I have a dataframe formed by reading in a CSV file as df3 = CSV.read(“data//weight_filtered.csv”, dateformat=“yyyy-mm-dd”.
Row │ Date Data
│ Date Float32
─────┼─────────────────────
1 │ 2022-07-01 201.1
2 │ 2022-07-08 202.1
3 │ 2022-07-15 203.0
4 │ 2022-07-22 200.0
5 │ 2022-07-29 200.8
6 │ 2022-07-05 202.8
This yielded the dataframe above. I would like to filter ths by dates less than say 2022-07-22. Having floundered around with different searches and forums I haven’t had any luck or managed to find a way myself, apart from editing the original CSV file. I’m sure I’m missing something simple but any help would be welcome.

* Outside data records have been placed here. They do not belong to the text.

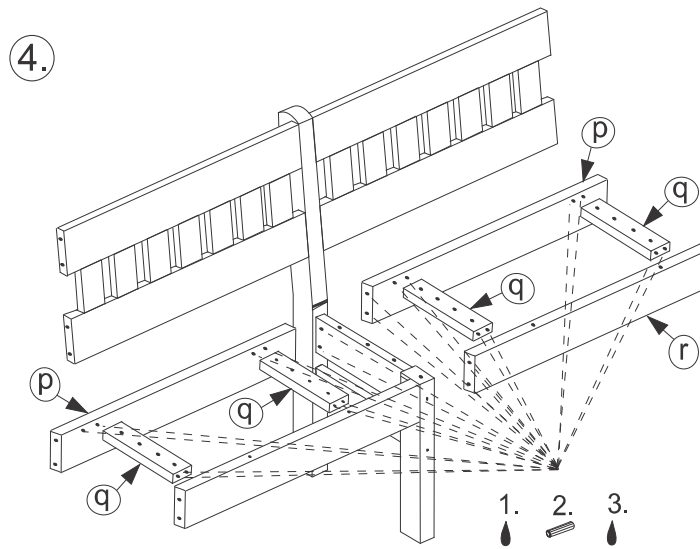

Руководство монтажа 14.

OWATROL PCD 91

OWATROL AQUADECKS

h		26x92x302	1x
i		26x92x170	14x
j		26x92x302	1x
k		26x92x302	1x
l		26x92x1780	2x
m		26x56x302	3x
n		26x92x1780	2x
o		26x117x797	2x
p		26x92x813	2x
q		26x56x309	6x
r		26x92x797	2x
s		42x68x920	1x
t		42x68x419	1x
u		42x68x920	1x
v		42x68x419	1x
x		42x68x920	1x
y		42x68x419	1x
z		26x117x797	2x
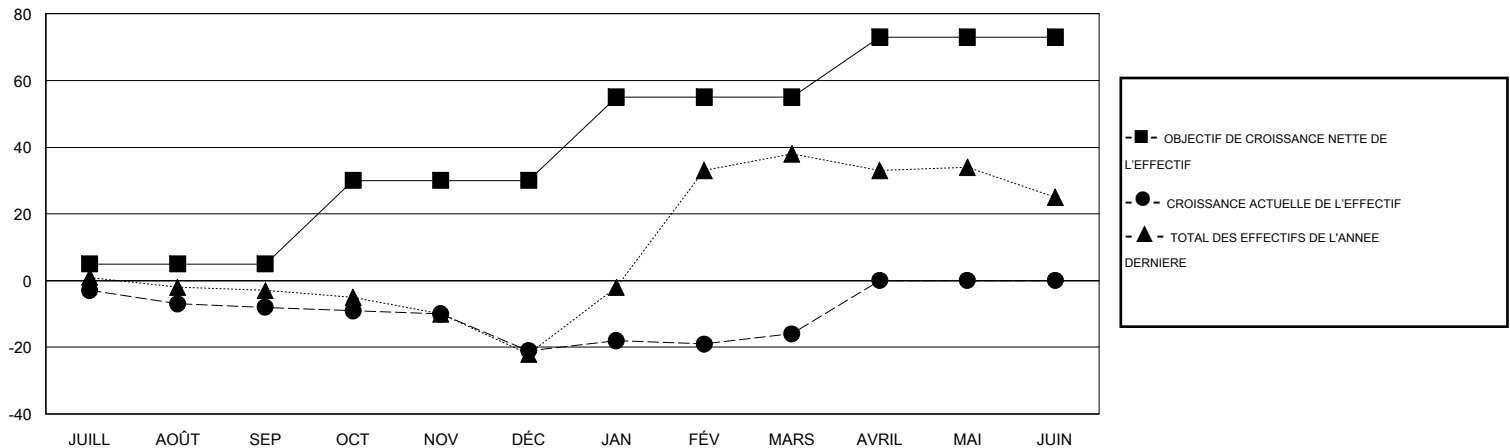

BUTS ET MEMBRES REELS - CUMULATIF

CLUBS RADIES: 0	10 CLUBS OF 36 ONT AJOUTE 1 OU PLUSIEURS NOUVEAUX MEMBRES	DISTRIBUTION PAR SEXE
		HOMME 305 (47.66%)
		FEMME 335 (52.34%)
MEMBRES RADIES	CLIQUEZ ICI POUR LES INFORMATIONS CUMULATIVES SUR LES EFFECTIFS	NOMBRE TOTAL DE MEMBRES D'UNITÉS FAMILIALES 9
DECEDE 5		MEMBRES DE FAMILLE QUI RÉGENT LA MOITIÉ DES COTISATIONS 5
CLUB ANNULÉ 0		
AUTRE 27		
TOTAL 32
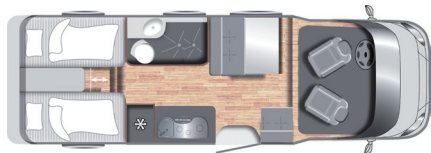

Halv-integrerade modeller

Toronto

L:6,95m

130hk 2,3 MJT

B: 2,3m

555.000 kr

H: 2,75m

Virginia

B: 2,3m

569.000 kr

H: 2,75m

Hel-integrerade modeller

M-liner 1

L:7,44m

150hk 2,3 MJT

B: 2,3m
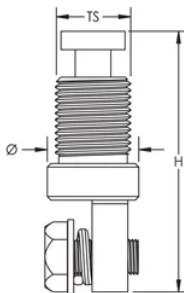

DIAGRAMMER

Julia 1.9.3 with CSV v0.10.11
Try
filter(df3) do row
row.Date >= DateTime("2022-07-22")
end
2 Likes
julia> df
6×2 DataFrame
Row │ date data
│ Date Float64
─────┼─────────────────────
1 │ 2022-07-01 201.1
2 │ 2022-07-08 202.1
3 │ 2022-07-15 203.0
4 │ 2022-07-22 200.0
5 │ 2022-07-29 200.8
6 │ 2022-07-05 202.8
julia> df[df.date .>= df[4,1],:]
2×2 DataFrame
Row │ date data
│ Date Float64
─────┼─────────────────────
1 │ 2022-07-22 200.0
2 │ 2022-07-29 200.8
subset(df,:date=>x-> x .>= Date("2022-07-22"))
subset(df3, "Date" => ByRow(<=(Date(2022,7,22))))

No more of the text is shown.